Let’s say as an example that the action that all of these tools would be following as conversion would be a lead form submission on the website. Let’s then look at an example journey of a potential customer. To really make a point let’s say that they were exposed to the ads on all of these three different platforms during a period of 2 weeks:
Day 1: The person saw an ad on Facebook, clicked it and read through an article (just like this one).
Day 5: After seeing some ads on LinkedIn, the potential customer ended up again on the company website, browsing for more information.
Day 14: Something in the earlier visits was probably quite interesting. This time the person made a Google search and ended up on the company website for the third time through a paid search result. During the visit, they submitted a lead form to be contacted by sales later.
Which channel should get the credit for this conversion?
If you look at the tools’ own reporting, they are all happy to claim the credit. After all, they all had a part in this journey during their attribution windows. This is arguably a fine method to measure the performance for optimisation purposes, but it’s not attribution. The credit for the conversion is only attributed to the tool’s own campaigns.
In this artificial example, when the numbers were summed up, the conversion was reported three times because all of the tools took credit for the same conversion.
Tracking conversions with Google Analytics
When you want to track which channel should be credited for the conversion, that is where tools like Google Analytics come in. Google Analytics measures the source of traffic of the visits that enter the website. When a conversion on the website happens, typically, the last source of traffic is credited. In this example case, the credit would go to Google Ads as it was the last touchpoint.
This is again not perfect at all, but much better already. Last click attribution, of course, favours those channels that are typically present during the last steps of the journey, like Google Search. Some channels might have an important role in creating demand. Google Search results could be seen as capturing this demand. This can be adjusted with different types of attribution models. The most important thing is that the channels are now in one place, and it’s possible to actually attribute the conversion between the different channels.
When Google Analytics was used for reporting instead, only the last visit got the credit.
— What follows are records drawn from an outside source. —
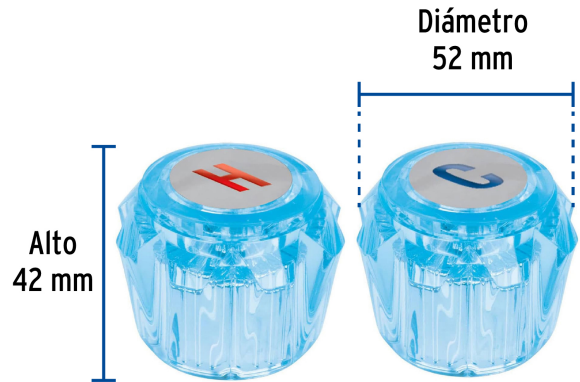

FOSETbasic

CÓDIGO: 49456 CLAVE: MM-200Z

**Juego 2 manerales acrílico azul p/lavabo y fregadero, BASIC**

- Cuerpo de acrílico
- Para lavabo y fregadero
- Para mezcladoras modelos M-048A, M-050A, M-060A, M-070A, M-242A, F-320A, F-317A, F-318A y F-319A marca Foset Basic®

**Certificaciones y garantías****Especificaciones**

Color	Azul
Diámetro	52 mm
Alto	42 mm
Peso por pieza	52 g
Empaque individual	Caja
Inner	4
Máster	24
Pallet	2184

**País de origen****Fabricado en China bajo las estrictas especificaciones de GRUPO TRUPER**

Imágenes complementarias

Manerales de acrílico azul

Para mezcladoras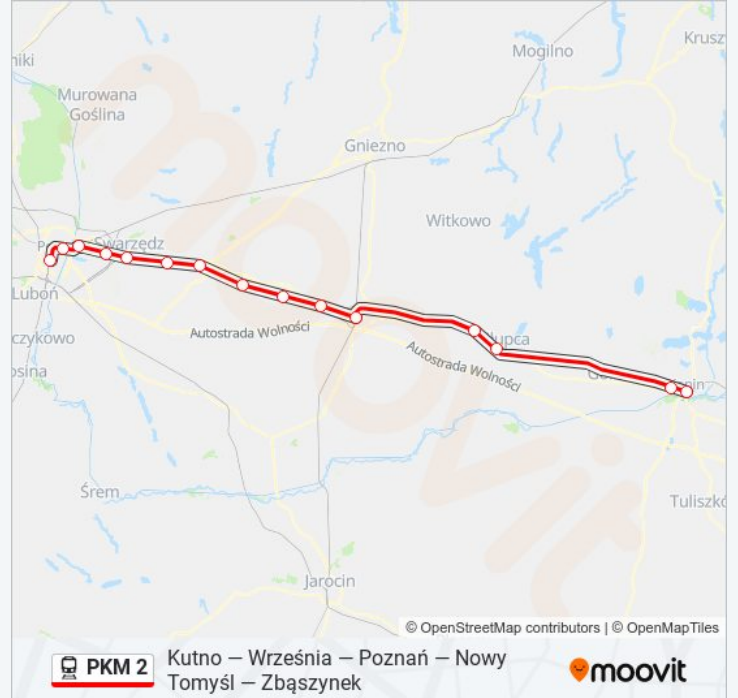

Przystanki: 15

Długość trwania przejazdu: 81 min

Podsumowanie linii:

Słupca

Konin Zachód

Konin

Kierunek: KW 77306 / 77872 Poznań Główny

16 przystanków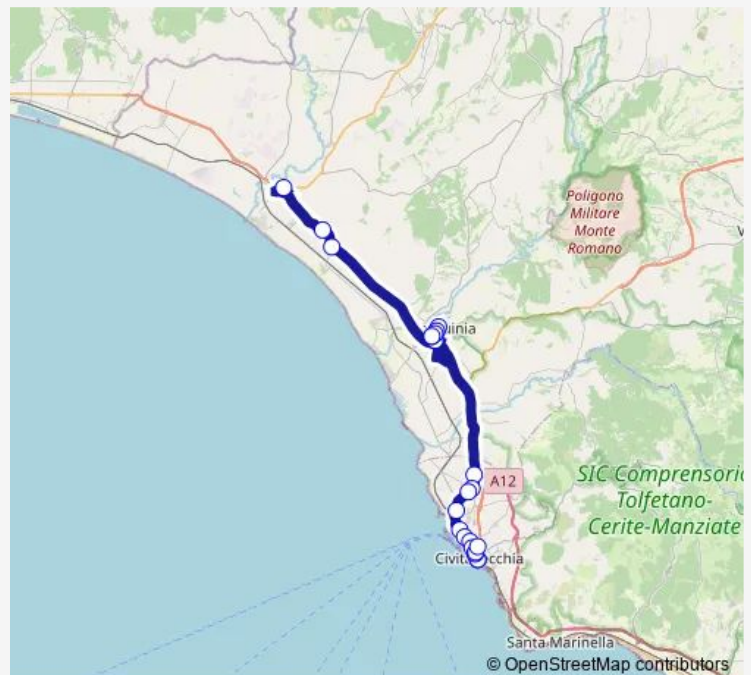

Direction

Montalto | Piazza Tarquinia # f343 — Civitavecchia | Deposito # f277

25 stops

[Open route schedule](#)

- Montalto | Piazza Tarquinia # f343
- Tarquinia | Via Aurelia (Km 104) # f123
- Tarquinia | Via Aurelia (Riva Tarquini) # f125
- Tarquinia | Via Moro # f000015
- Tarquinia | Via Porto Clementino Via Nenni # f751
- Tarquinia | Via Vecchia Aurelia # f752
- Tarquinia | Via le Rose # f483
- Tarquinia Barriera S.Giusto # f7521
- Tarquinia | Via le Rose # f486
- Tarquinia | Via Vecchia Aurelia # f738
- Tarquinia | Via Porto Clementino Via Nenni # f739
- Civitavecchia | Via Aurelia (Monna Felicita) # f138
- Civitavecchia | Via Aurelia Via Somma # f139
- Civitavecchia | Via Aurelia (Borgo Aurelia) # f140
- Civitavecchia | Via Aurelia Str. Scaglia # f141
- Civitavecchia | Via Aurelia, 18 # f143
- Civitavecchia | Via Aurelia (Depositi) # f15116
- Civitavecchia | Cimitero # f144
- Civitavecchia | Via Tarquinia # f145
- Civitavecchia | Ist. superiore Giuseppe Calamatta # f71
- Civitavecchia | Piazza V. Emanuele II # f232

Route schedule

Montalto | Piazza Tarquinia # f343 — Civitavecchia | Deposito # f277

Monday	06:05-10:35
Tuesday	06:05-10:35
Wednesday	06:05-10:35
Thursday	06:05-10:35
Friday	06:05-10:35
Saturday	06:10-18:05
Sunday	—

Route info

Direction: Montalto | Piazza Tarquinia # f343

Stops: 25

Trip Duration: 1 hour 0 min

Montalto di Castro - Civitavecchia # Mc626a

Civitavecchia | Piazza V. Emanuele II # f72

Civitavecchia | Ist. Superiore G. Calamatta # f73

Civitavecchia | Via Braccianese (Porto) # f276

Civitavecchia | Deposito # f277

Bus time schedules and route maps are available in an offline PDF at busmaps.com. Use the busmaps.com website to see live bus times, train schedule or subway schedule, and step-by-step directions for all public transit in Civitavecchia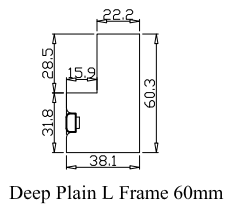

Deep Plain L Frame 60mm

NOTES:

Shutter Color:Desert Sand(染色)

Hinges Color:Stainless Steel(不锈钢合页)

Qty(数量): 1

Material(材质): Basswood(椴木)

Configuration(窗扇结构): R,IN, 4Side, 41.3mm Butt, Deep Plain L Frame 60mm

Tilt rod type(拉杆类型): Center tilt rod(中拉杆)

Louvre Quantity(叶片数量): 16

Louvre Size(叶片尺寸): 461.3mm

Rail Size(上下板尺寸): 513mm

Order No(订单号):ABC 48721- HAMILTON

Item(序号): 3

Room(房间号):

Louvre Size(叶片类型): 89mm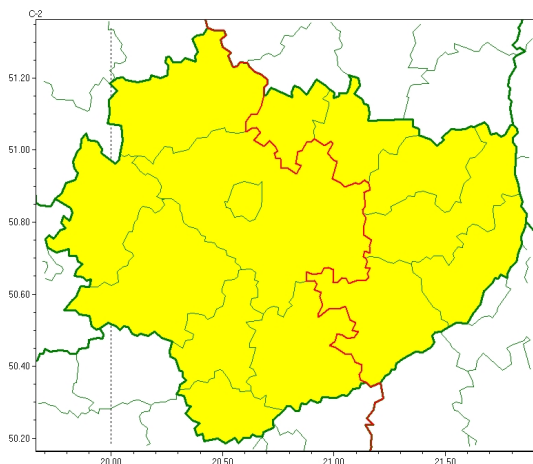

Zasięg ostrzeżeń w województwie

Oblodzenie
2024-03-18 11:20

Przymrozki
2024-03-18 11:20

WOJEWÓDZTWO WI TOKRZYSKIE
OSTRZEŻENIA METEOROLOGICZNE ZBIORCZO NR 37
WYKAZ OBOWIĄZUJĄCYCH OSTRZEŻEŃ
o godz. 11:20 dnia 18.03.2024

Zjawisko/Stopień zagrożenia	Oblodzenie/1
Obszar (w nawiasie numer ostrzeżenia dla powiatu)	powiaty: buski(26), jędrzejowski(26), kazimierski(26), Kielce(27), kielecki(27), konecki(26), opatowski(28), ostrowiecki(28), pińczowski(26), sandomierski(26), skarżyski(27), starachowicki(28), staszowski(26), włoszczowski(25)
Ważność	od godz. 19:00 dnia 18.03.2024 do godz. 09:00 dnia 19.03.2024
Prawdopodobieństwo	70%
Przebieg	Prognozuje się lokalnie zamarzanie mokrej nawierzchni dróg i chodników po opadach deszczu ze śniegiem i mokrego śniegu powodujących ceich oblodzenie. Temperatura minimalna około -2°C, temperatura minimalna przy gruncie około -4°C.
SMS	IMGW-PIB OSTRZEŻENIA: OBLODZENIE/1 w województwie świętokrzyskim (wszystkie powiaty) od 19:00/18.03 do 09:00/19.03.2024 temp. min. około -2 st., przy gruncie do -4 st., lisko. Dotyczy powiatów: wszystkie powiaty.
RSO	Woj. w województwie świętokrzyskim (wszystkie powiaty), IMGW-PIB wydał ostrzeżenie pierwszego stopnia o oblodzeniu
Uwagi	Brak.
Zjawisko/Stopień zagrożenia	Przymrozki/1
Obszar (w nawiasie numer ostrzeżenia dla powiatu)	powiaty: opatowski(27), ostrowiecki(27), sandomierski(25), skarżyski(26), starachowicki(27), staszowski(25)
Ważność	od godz. 20:00 dnia 17.03.2024 do godz. 08:00 dnia 19.03.2024
Prawdopodobieństwo	80%

In B2B business, submission of a lead form can hardly be seen as an actual conversion, but this is where Google Analytics’ tracking capabilities end. After the point of the form submission the journey still continues but is handled in a CRM system such as Salesforce.
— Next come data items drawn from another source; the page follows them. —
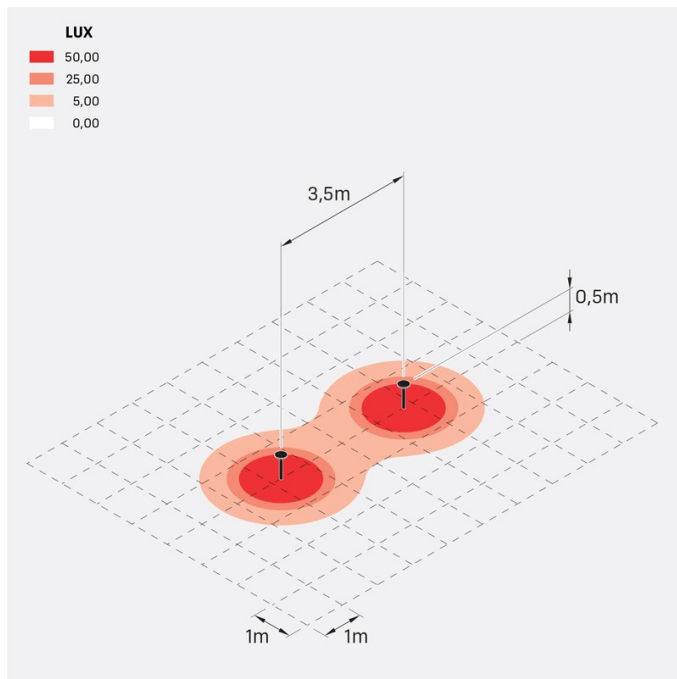

Kit 07 - Line 220 Post H500

Lombardo.

LL1131062

Simulazioni illuminotecniche:

line220_post_H500_kit_07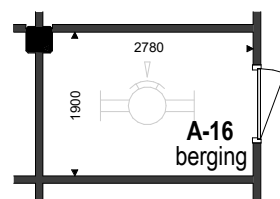

RENVOOI

ELEKTROTECHNISCHE INSTALLATIE-ONDERDELEN INDICATIEF
DEFINITIEVE PLAATSIING DOOR INSTALLATEUR

-  schakelaar enkel
-  schakelaar dubbel
-  wisselschakelaar
-  aansluitpunt plafondlicht
-  aansluitpunt wandlicht
-  wandlichtpunt, met ingebouwde PIR
-  plafondlichtpunt, met ingebouwde PIR
-  plafondlichtpunt
-  rookmelder
-  geaard wandcontactdoos enkel
-  geaard wandcontactdoos dubbel vertikaal
-  geaard wandcontactdoos dubbel horizontaal
-  deurbel
-  aansluitpunt thermostaat
-  aansluitpunt data / telefoon / televisie (loos)
-  aansluitpunt paslezer
-  aansluitpunt thermostaat + ruimtebedien eenheid
-  aansluitpunt afzuigkap
-  aansluitpunt magnetron
-  aansluitpunt koelkast
-  aansluitpunt elektrische oven
-  aansluitpunt kooktoestel
-  aansluitpunt elektrische radiator
-  videofoon/intercom
-  aansluitpunt warmtepomp
-  aansluitpunt wasmachine
-  aansluitpunt wasdroger
-  aansluitpunt gebalanceerde ventilatie-unit
-  aansluitpunt vloerverdeler
-  radiator
-  vloerverdeler cv installatie
-  gestippeld sanitair en keuken is optioneel weergegeven

Als gevolg van nadere bouwkundige uitwerking kan de maatvoering in werkelijkheid afwijken.
De voor uw woning van toepassing zijnde symbolen zijn opgenomen in de plattegronden.

Plattegrond

1 : 100

Berging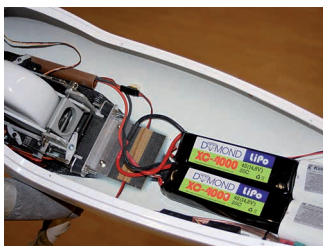

PARI TECH

Bauanleitung DG 303 5 m

Flügel + HLW

Rumpf Elektro

www-paritech-de - DG 303 5 m

**PARI
TECH**

Bauanleitung DG 303 5 m

www-paritech-de - DG 303 5 m

Rumpf Segler

In the CRM, there are still some steps to go: At first, the form submission might create a lead. After the potential of this lead has been verified, it might turn into an opportunity. This opportunity might then turn into an actual deal later.
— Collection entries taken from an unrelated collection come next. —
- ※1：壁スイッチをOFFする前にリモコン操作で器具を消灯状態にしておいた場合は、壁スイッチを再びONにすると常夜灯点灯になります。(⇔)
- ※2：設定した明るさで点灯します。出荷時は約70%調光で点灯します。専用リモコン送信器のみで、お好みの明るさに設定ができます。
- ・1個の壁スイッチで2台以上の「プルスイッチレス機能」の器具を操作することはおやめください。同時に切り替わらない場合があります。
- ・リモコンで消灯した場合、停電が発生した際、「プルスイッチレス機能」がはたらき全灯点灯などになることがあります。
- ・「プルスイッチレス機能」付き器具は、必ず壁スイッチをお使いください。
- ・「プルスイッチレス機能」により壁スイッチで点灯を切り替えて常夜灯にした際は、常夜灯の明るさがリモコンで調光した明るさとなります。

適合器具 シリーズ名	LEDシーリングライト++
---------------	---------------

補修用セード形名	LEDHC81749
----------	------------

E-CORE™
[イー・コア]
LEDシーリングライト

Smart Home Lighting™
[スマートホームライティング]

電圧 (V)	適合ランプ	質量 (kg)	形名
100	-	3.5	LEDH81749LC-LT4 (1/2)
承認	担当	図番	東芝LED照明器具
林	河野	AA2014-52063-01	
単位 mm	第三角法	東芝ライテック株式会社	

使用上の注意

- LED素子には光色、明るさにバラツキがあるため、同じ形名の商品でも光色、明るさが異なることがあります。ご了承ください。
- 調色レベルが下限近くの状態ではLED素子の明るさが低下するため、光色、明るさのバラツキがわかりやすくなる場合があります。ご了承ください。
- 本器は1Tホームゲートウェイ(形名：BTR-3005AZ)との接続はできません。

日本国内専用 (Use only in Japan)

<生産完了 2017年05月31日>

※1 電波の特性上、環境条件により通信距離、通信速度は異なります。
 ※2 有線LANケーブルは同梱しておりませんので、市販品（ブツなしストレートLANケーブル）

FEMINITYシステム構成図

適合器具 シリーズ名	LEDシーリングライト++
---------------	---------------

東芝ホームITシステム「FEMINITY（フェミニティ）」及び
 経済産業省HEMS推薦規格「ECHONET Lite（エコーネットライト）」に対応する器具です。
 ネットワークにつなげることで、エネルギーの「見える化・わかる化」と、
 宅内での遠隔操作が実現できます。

So how would you capture this full marketing funnel, from the first touch points to the actual conversion? In this example, we now have three different types of data:
- Advertising data consists of metrics like impressions, clicks and cost
- Web analytics data: traffic sources, events
- CRM data: leads, opportunities
None of the systems covers the full funnel. To be able to visualise it, we need to identify the links between these three different types of data sources.
Enabling the full marketing funnel view
To form the full funnel view, the first link to be established is from the advertising data to the web analytics data. This usually happens through UTM tags that are added to campaign links to identify the source of traffic in Google Analytics. A lot can already go wrong at this point if there is no proper taxonomy for the UTM tagging. It’s very important to be systematic in tagging the traffic.
After the form submission, the information is passed from the website to the CRM. This is the second link that needs to be covered. Usually, this happens by passing some additional information in the hidden fields of the form. This information could be the same traffic source information that was collected by Google Analytics earlier from the UTM tags. It could even be the Google Analytics cookie id of the individual visitor, which would set up a visitor-level link.
There are different approaches to setting analytics like this up and collecting all the data in one place. One is the tool-based approach. Tools like Datorama or Funnel are designed to connect to the different systems to bring all the data under a common data model suitable for visualisation.
Another way to go is to set up a marketing data warehouse, which is a bit more technical but also offers the most freedom in designing a solution that best fits the situation. Google BigQuery is a popular option because of its tight connection to Google Analytics, especially the new Google Analytics 4. Even though BigQuery as a product is designed for handling massive volumes of data, its pay-per-use pricing model and free tier make it a very cheap option for proof of concept type projects or just for getting started with something small and building on top of that gradually.
When the data is all in one place and the links and tracking have been figured out, it’s possible to visualise the full funnel. You can see simple but useful things like how your advertising spend are split between the different channels and platforms. You can compare the different channels on their ability to create impressions and to turn those impressions into website visits. You could even follow your investment on a specific platform or campaign to the website visits and all the way to actual leads and opportunities.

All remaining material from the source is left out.